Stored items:

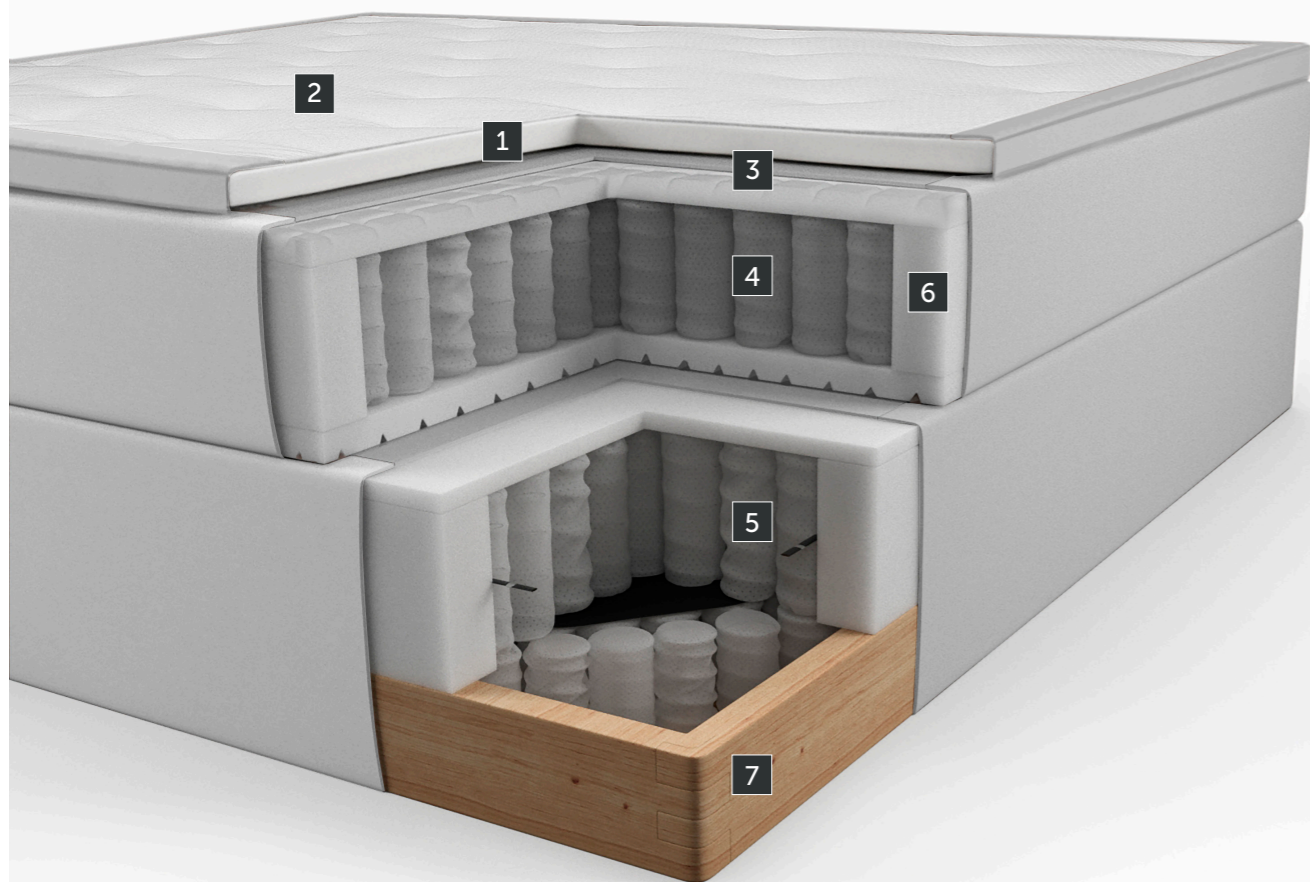

Nordkapp

Kontinentalseng

NORTH
BEDS

1 100% Natur Latex kjerne - FSC sertifisert 100% perforert naturlatex kjerne gir optimal komfortfølelse og pusteegenskap. Naturlatex har lengre levetid og er biologisk nedbrytbar.

2 Stretch Pluss tekstil - Ekstra kraftig stretch med elastan og høyere egenvekt gir best kroppstilpasning i madrassen. Overmadrassen er pikert med rikelig silikonbasert polyester vattering for å gi den mykeste komfortfølelse i sengen.

3 Cloudtex Contura stoppning 3 cm - Cloudtex stoppninger er Contura-skåret som små puter for å gi den mest optimale kroppstilpasningen i madrassen, man oppnår en følelse av å sveve på en sky.

4 Amazing 7 sone Pocket fjær 18 cm - Amazing Plus Pocket gir den beste dybdefjæringen i madrassen fordi de ergonomiske sonene er enda mer distinkt og tilpasser seg kroppen på en smidigere måte.

5 To lag Pocket i ramme - To lag Pocket fjærer i rammen gir den beste trykkavlastningen og stabiliteten i tillegg reduseres partnerfostyrrelse i sengen når man sover.

6 Kantstabile sider - innebygd kantforsterkning med stabiliserende skumbokser gjør at du kan bruke sengen i hele madrassens liggesone, også når du ligger helt ut mot kantene av madrassen.

WHAT IS REQUIRED: Since only the text is needed, retype the data above exactly and omit the pictures.

EXPECTED ANSWER:
Nordkapp

Kontinentalseng

NORTH
BEDS

1 100% Natur Latex kjerne - FSC sertifisert 100% perforert naturlatex kjerne gir optimal komfortfølelse og pusteegenskap. Naturlatex har lengre levetid og er biologisk nedbrytbar.

2 Stretch Pluss tekstil - Ekstra kraftig stretch med elastan og høyere egenvekt gir best kroppstilpasning i madrassen. Overmadrassen er pikert med rikelig silikonbasert polyester vattering for å gi den mykeste komfortfølelse i sengen.

3 Cloudtex Contura stoppning 3 cm - Cloudtex stoppninger er Contura-skåret som små puter for å gi den mest optimale kroppstilpasningen i madrassen, man oppnår en følelse av å sveve på en sky.

4 Amazing 7 sone Pocket fjær 18 cm - Amazing Plus Pocket gir den beste dybdefjæringen i madrassen fordi de ergonomiske sonene er enda mer distinkt og tilpasser seg kroppen på en smidigere måte.

5 To lag Pocket i ramme - To lag Pocket fjærer i rammen gir den beste trykkavlastningen og stabiliteten i tillegg reduseres partnerfostyrrelse i sengen når man sover.

6 Kantstabile sider - innebygd kantforsterkning med stabiliserende skumbokser gjør at du kan bruke sengen i hele madrassens liggesone, også når du ligger helt ut mot kantene av madrassen.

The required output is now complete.